◆ WHAT YOU SHOULD DO ◆
In the material below, find the line with "- **Installation extérieure :**" and the line with "www.fr.ihacom.ch", then output those two lines and every line between them, exactly.

◆ EXERCISE INPUT ◆
□ □ □ □ □ □ □

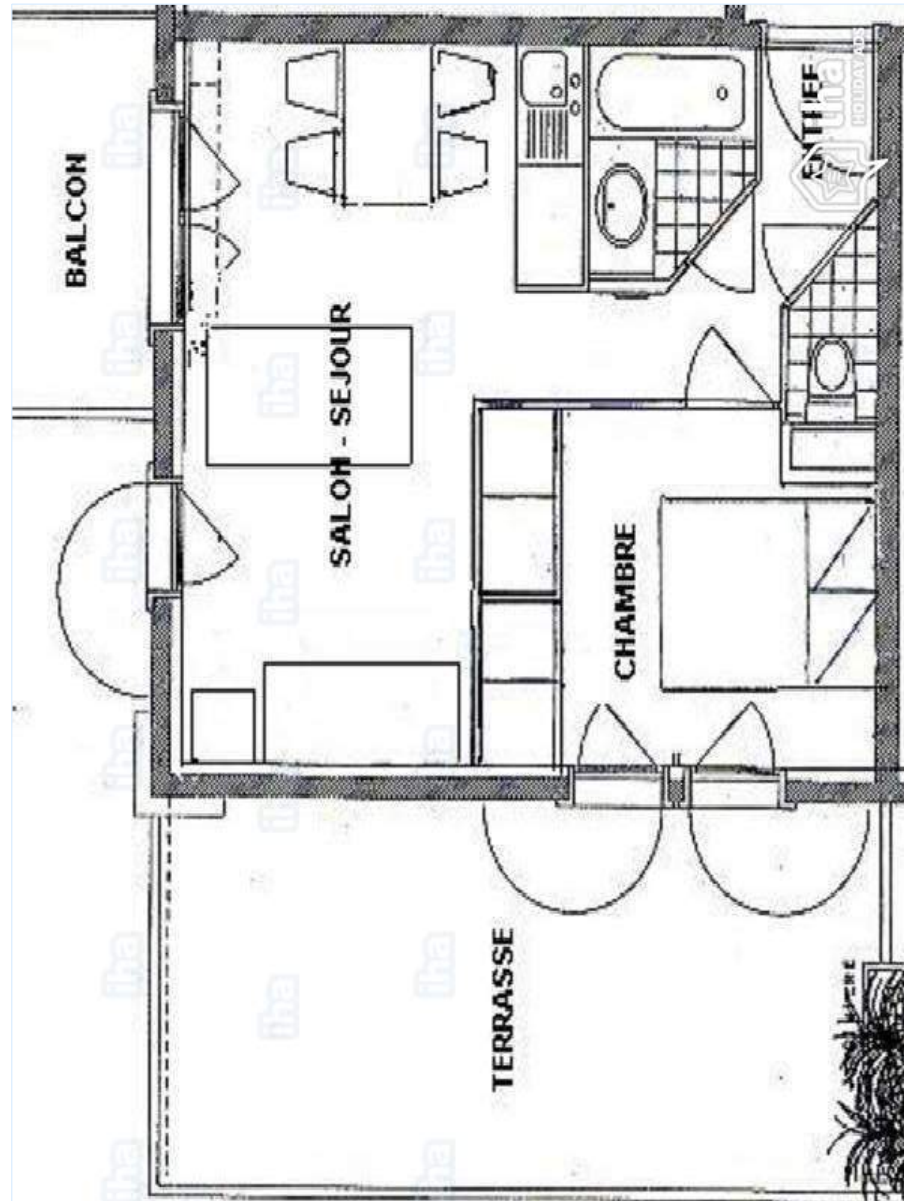

salle(s) de bain

coin cuisine

salon télévision

Intérieur

- **Capacité d'accueil :**
de 2 à 4 personne(s)
- **Superficie habitable :**
32m²
- **Agencement intérieur :**
2 pièce(s), 1 chambre(s), 1 salle(s) de bain, 1 WC, séjour 15m², coin cuisine, coin repas, salon télévision
- **Couchage - lit(s) :**
1 lit(s) double(s), 2 canapé-lit(s) 2 pers
- **Confort :**
T.V., chaine hifi, magnétoscope, lecteur DVD, placard, penderie, sèche-cheveux, chauffage électrique, rideaux, double-vitrage, volets roulants
- **Equipement ménager :**
Vaisselle/couverts, ustensiles et batterie de cuisine, machine à café électrique, robot ménager, appareil à raclette, appareil à fondue, plaques de cuisson, mini-four, micro-ondes, réfrigérateur, lave-vaisselle, aspirateur, fer à repasser, planche à repasser

Extérieur

- **Installation extérieure :**
Terrasse 20m², balcon 6m²
- **Cadre extérieur :**
Terrain clos, rivière
- **Equipements extérieurs :**
Parasol, salon de jardin

terrasse

Services

- **Linge :**
Couverture(s), Couette(s), Oreiller(s)
- **Maison :**
Déneigement

vue sud-est

Plan d'agencement

www.fr.ihacom.ch

Album photos - 1

chambre

coin cuisine

salle(s) de bain

salon télévision

□ □ □ □ □ □ □

◆ FINAL ANSWER ◆
- **Installation extérieure :**
Terrasse 20m², balcon 6m²
- **Cadre extérieur :**
Terrain clos, rivière
- **Equipements extérieurs :**
Parasol, salon de jardin

terrasse

Services

- **Linge :**
Couverture(s), Couette(s), Oreiller(s)
- **Maison :**
Déneigement

vue sud-est

Plan d'agencement

www.fr.ihacom.ch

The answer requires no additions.